Tuesday, April 12, 2011

Performance and Scalability

When you set up a web application, often you will start small with everything running on one server. Everything, in this case, typically means the application and the database and data files. That is nice and simple. It has the advantage that everything it fast because it is all one the one server.

The capacity is, however, limited. Suppose the load on your application increases. You can get some way just by upgrading the one server, adding more memory and faster processors, but that will only get you so far.

Eventually, you will have to scale out. You will get a number of separate web servers, with a load-balancer to distribute the incoming requests between them. All the web servers will connect to a shared database sever, or cluster of database servers.
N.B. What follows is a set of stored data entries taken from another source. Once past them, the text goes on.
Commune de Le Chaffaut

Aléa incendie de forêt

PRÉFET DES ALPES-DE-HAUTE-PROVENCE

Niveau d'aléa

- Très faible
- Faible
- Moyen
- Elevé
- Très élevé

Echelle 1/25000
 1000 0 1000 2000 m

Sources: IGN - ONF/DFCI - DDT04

The files will probably go on a separate file server.

While this increases the total load that the whole system can support, it means, paradoxically, that processing a single request is slower. For example, if you switch from one server to three servers (application server, database and files) your site will not support three times as many users. The scalability will not be linear. That is because every connection to the database or to get a file now has to travel over the network. Accessing something across a network tends to be an order of magnitude slower than accessing something on the same server.
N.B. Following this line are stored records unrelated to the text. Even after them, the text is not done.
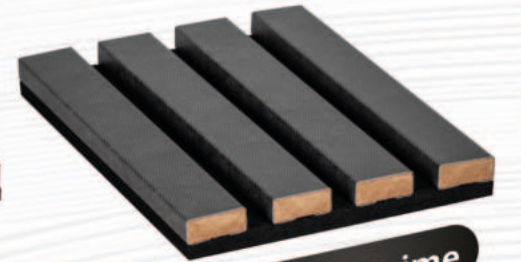

Mavi Emprime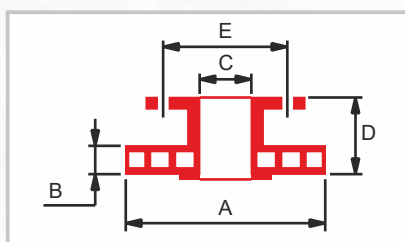

## STABDŽIŲ DISKAS

**SA10006**

4772139008405

A	B	C	D	E	Skylės
377	45	189	141	240	10xM14x1.5

OE: 4079001800, 4079001801, 4079001851

## STABDŽIŲ SUPORTO DETALĖS

**K16080**

Tinka: SL7 SM7

4772139008610

**K16081**

Tinka: SN5

4772139008689

**K16082**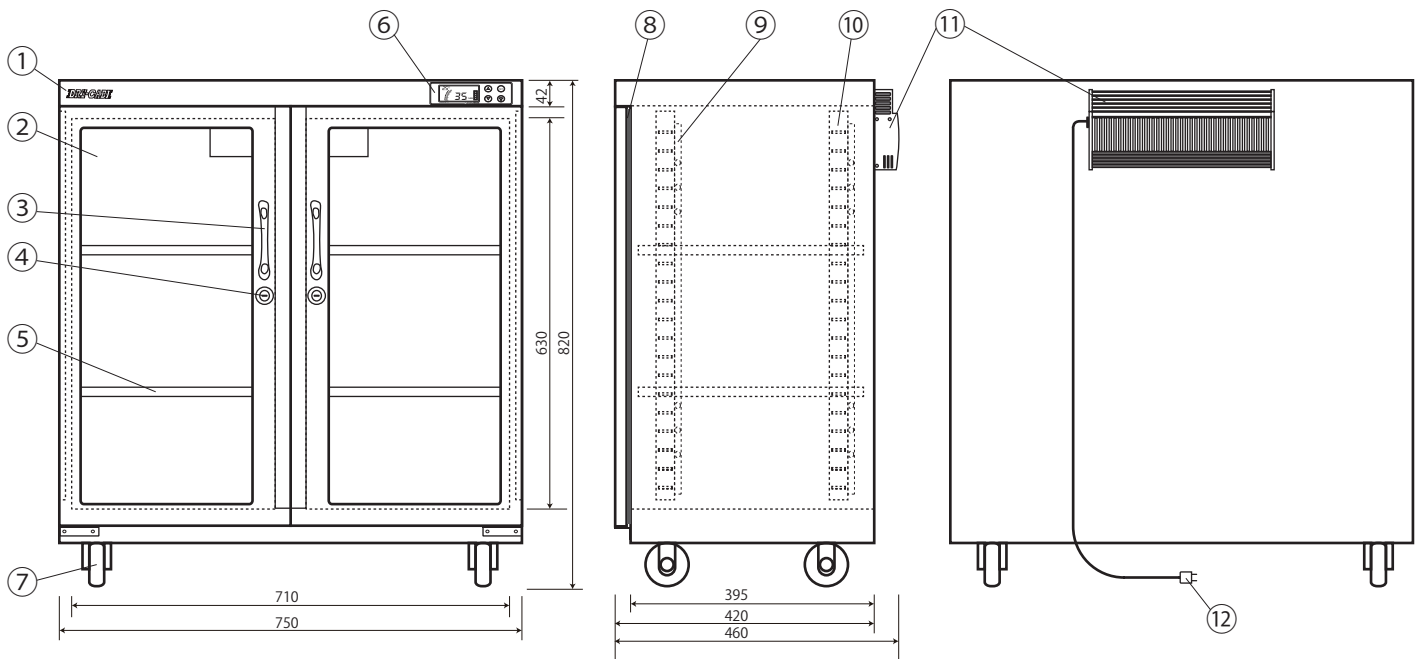

PD-218W 各部名称及び寸法(mm)

外寸:W750×D460×H820mm(キャスター含む)

内寸:W748×D395×H695mm

※棚板寸法 W720×D365×H15mm

【各部名称】

- ① 本体ボディ/スチール製 粉体塗装 黒色
- ② 扉/透明強化ガラス マグネットパッキン付
- ③ 取っ手
- ④ ロック2 キー2
- ⑤ 棚板/2枚 固定式 スチール製
- ⑥ デジタル湿温度計 デジタルコントローラ付
- ⑦ キャスター
- ⑧ マグネットパッキン
- ⑨ 庫内LEDランプ (デジコンで ON/OFF 可)
- ⑩ 棚板固定フック用ジャバラ柱
- ⑪ ペルチェ方式除湿装置
- ⑫ AC100V電源コード AC100V 50/60Hz 20W
- ⑬ 容量:210ℓ 重量:35Kg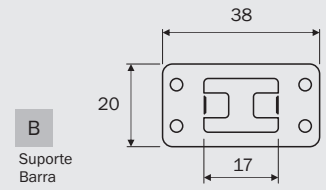

11.0 Fechaduras

Fechadura Gaveteiro Lateral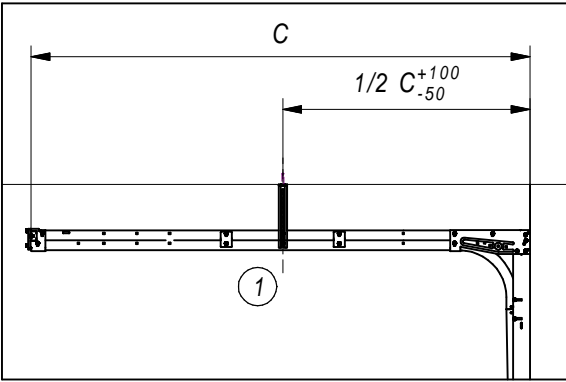

10x60

8x60

8/18

Typ	N	BB
EasyClick 70	130	100

EasyClick 70

OPTION

EasyClick 70

EasyClick 70

EasyClick 70

① = ② = B + 135

EasyClick 70

H < 2520

B < 3000

L+R

L+R

PL czarny
GB black
D schwarz
NL zwart
SK cierny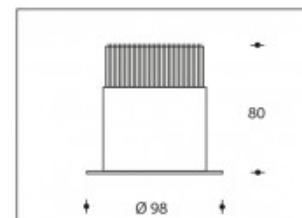

3000K DALI DIMMABLE Bilbao 10W 3000K 800lm CRI >85

SHARP

Artikelnummer	111930D
Farbe	Weiß
Gesamtverbrauch (LED + Treiber)	11,5W
Licht Farbe	3000K
Lumen output	800lm
CRI	>85
Ausstrahlwinkel	45°
Deckenausschnitt	92mm
IP-waarde	IP44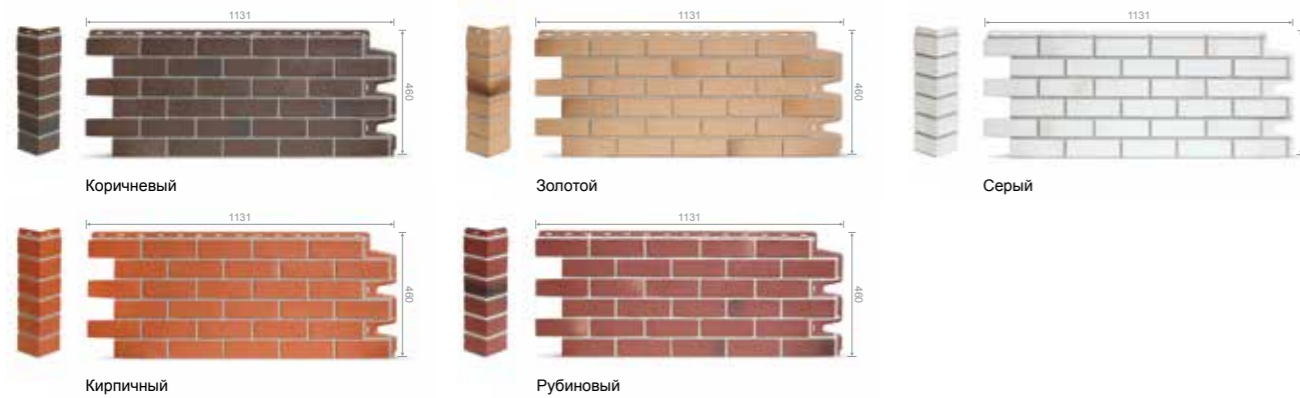

Коллекция «BERG»

Коллекция BERG имитирует натуральный кирпич и создает эффект кирпичной кладки. Коллекция включает 5 классических цветов натурального кирпича. Текстура, особое окрашивание и контрастно прокрашенные швы максимально приближены к натуральному материалу.

- Рабочая длина: 1015 мм.
- Рабочая ширина: 434 мм.
- Рабочая площадь панели: 0,44 м².
- Количество в коробке: 10 шт.
- Высота профиля: 17 мм.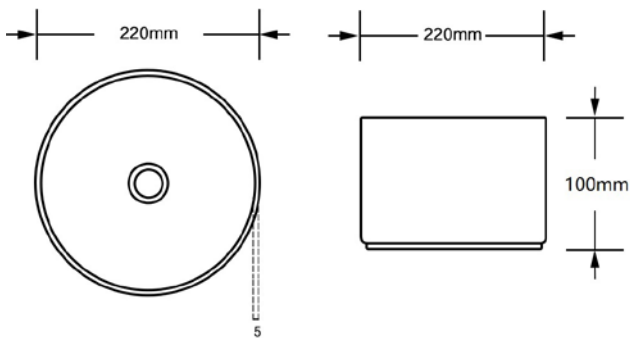

**Anholt**

Art. nr.: 2708005, 2708006, 2708007

**Buitendouche tube**

Art. nr.: 2713328, 2713329

Technische tekeningen

Pag. 46 | Fontein

**Skov**

Art. nr.: 2707999, 2708008, 2707998

The above is all standard knowledge about scaling web applications. I have been thinking about about it recently because it explains the way my working life has been evolving. Just over six months ago I was working essentially on my own, re-developing the Moodle question engine. I had been working away like that for a year, and I had got a lot done.
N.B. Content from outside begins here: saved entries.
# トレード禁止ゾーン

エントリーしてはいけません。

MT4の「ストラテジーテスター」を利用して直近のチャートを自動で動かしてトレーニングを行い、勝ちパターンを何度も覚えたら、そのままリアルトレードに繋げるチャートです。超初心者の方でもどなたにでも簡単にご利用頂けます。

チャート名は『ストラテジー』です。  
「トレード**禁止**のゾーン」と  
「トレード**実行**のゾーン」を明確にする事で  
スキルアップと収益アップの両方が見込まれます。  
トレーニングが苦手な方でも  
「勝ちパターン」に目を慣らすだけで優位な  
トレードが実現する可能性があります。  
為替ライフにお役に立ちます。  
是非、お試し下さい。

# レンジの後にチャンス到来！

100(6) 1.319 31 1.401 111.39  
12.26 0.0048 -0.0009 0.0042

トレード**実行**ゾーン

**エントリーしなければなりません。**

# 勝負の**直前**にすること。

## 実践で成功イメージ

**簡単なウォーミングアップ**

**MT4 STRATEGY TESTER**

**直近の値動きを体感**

Since then, things have changed, and I am now managing a team including three other developers, and two out-sourced development contracts. It has been particularly 'bad' this last couple of weeks as one development period of the project came to an end and I had to review a lot of code, and then I had to sort out everything we were supposed to be doing for the next three months. I am starting to wonder if I will every get any of my own development work done at all!

That is, however, just some exasperation showing. I know really that this has just been a brief spell with an excessive amount of administration. Overall I am happy that the OU is investing so much in its eAssessment systems (and the other parts of its VLE); as a team we are achieving more than I could on my own; but right now my inner geek would really like to go and hide in a cave for a while and just write code undisturbed.